Il faut savoir qu’un enfant traumatisé ne se plaint pas. Passé cette phase initiale, marquée par l’événement inaugural, une phase de latence peut s’installer, pendant laquelle l’absence de symptômes ne doit pas faire retomber la vigilance. Chez ces enfants fragilisés, un harcèlement, le décès d'un proche, ou d’autres événements peuvent réactiver le trauma et conduire au TSPT.
Quel type de suivi et quel accompagnement mettre en place sur le long terme ?
Un suivi de proximité au long cours peut être réalisé par un professionnel de santé non médecin. L’entourage doit rester vigilant aux signaux d’alerte, même faibles, pouvant marquer une réactivation et l’installation de troubles pouvant se chroniciser. De l’agressivité, des troubles du sommeil, de mauvais résultats scolaires peuvent être annonciateurs de la mise en place de troubles associés à un trauma datant de plusieurs mois ou plusieurs années.
Au moindre signe, il faut pouvoir les adresser rapidement à un médecin spécialisé. Si des études ont documenté les traumas des enfants dans la guerre - les enfants palestiniens auront aussi besoin d’un accompagnement spécialisé – on ne dispose pas de données cliniques sur les conséquences à long terme d’attaques ciblées avec prise d’otages.
En tant que spécialiste, êtes-vous optimiste pour ces enfants qui ont été confrontés au pire ?
Il est difficile de prévoir de quelle manière chacun évoluera. Les enfants subissant une intentionnalité par terrorisme sont parmi les plus exposés au TSPT, ils ont besoin d’un suivi de long terme. Les parents de ces enfants très fragilisés le sont également, ce qui est un facteur de vulnérabilité supplémentaire.
En premier lieu, il convient de réaliser une évaluation précise du trauma, incluant les troubles de la cognition et des relations sociales. Pour ceux qui ont besoin d’une psychothérapie, elle peut être conventionnelle, relationnelle ou cognitivo-comportementale.
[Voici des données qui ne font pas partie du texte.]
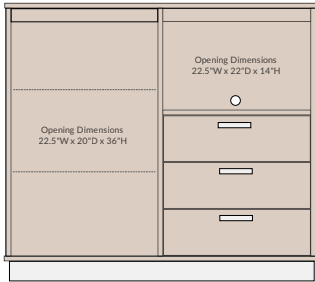

MARINE COLLECTION

LANG HOSPITALITY

- A MARINE Night Stand - 1 Drawer
ITEM# **MR149** DIMENSIONS 24"W x 16"D x 24"H
- B MARINE (24" W) Wall Guard 48"
ITEM# **MR2448** DIMENSIONS 24"W x 1"D x 48"H
- C MARINE Queen Panel Headboard 48"
ITEM# **MR48Q** DIMENSIONS 62"W x 1"D x 48"H
- D MARINE Desk (4 Legs)
ITEM# **MR150** DIMENSIONS 42"W x 24"D x 30"H
- E MARINE Micro Fridge with Door
Available upon Request DIMENSIONS 48"W x 22"D x 43"H
- F MARINE Micro Fridge
ITEM# **MR20MF** DIMENSIONS 48"W x 22"D x 43"H
- G MARINE Desk (4 Legs)
Available upon Request DIMENSIONS 48"W x 26"D x 30"H

MARINE 42" Panel Headboard

FULL 56"W x 1"D x 42"H
 QUEEN 62"W x 1"D x 42"H
 KING 78"W x 1"D x 42"H

42" Panel Headboards are Available upon Request

MARINE 36" Panel Headboard

FULL MR36F 56"W x 1"D x 36"H
 QUEEN MR36Q 62"W x 1"D x 36"H
 KING MR36K 78"W x 1"D x 36"H

MARINE 48" Wall Guard (18" & 24" W)

MR1848 18"W x 1"D x 48"H
 MR2448 24"W x 1"D x 48"H

MARINE 42" Wall Guard (18" & 24" W)

18"W x 1"D x 42"H
 24"W x 1"D x 42"H

MARINE 36" Wall Guard (18" & 24" W)

MR18W 18"W x 1"D x 36"H
 MR24W 24"W x 1"D x 36"H

42" Wall Guards are Available upon Request

MARINE Micro Fridge Combo Unit with Door
 48"W x 22"D x 43"H

Available upon Request

MARINE Micro Fridge Combo Unit
 MR20MF 48"W x 22"D x 43"H

MARINE 3-Drawer Chest with Shelf
 MR16MC 36"W x 22"D x 36"H

Mais il ne faut pas tout psychiatriser. Le psychotrauma de l’enfant n’est pas seulement l’affaire de la pédopsychiatrie. Les activités de médiation, d’engagement collectif ou de création, si elles sont correctement encadrées, peuvent donner de très bons résultats. Des artistes tels que Imre Kertész, Maya Angelou et d’autres en sont la preuve vivante. Il ne faut pas se priver du pouvoir de l’art pour aider les enfants dans leur chemin de reconstruction. L’artistique est une formidable voie de résilience.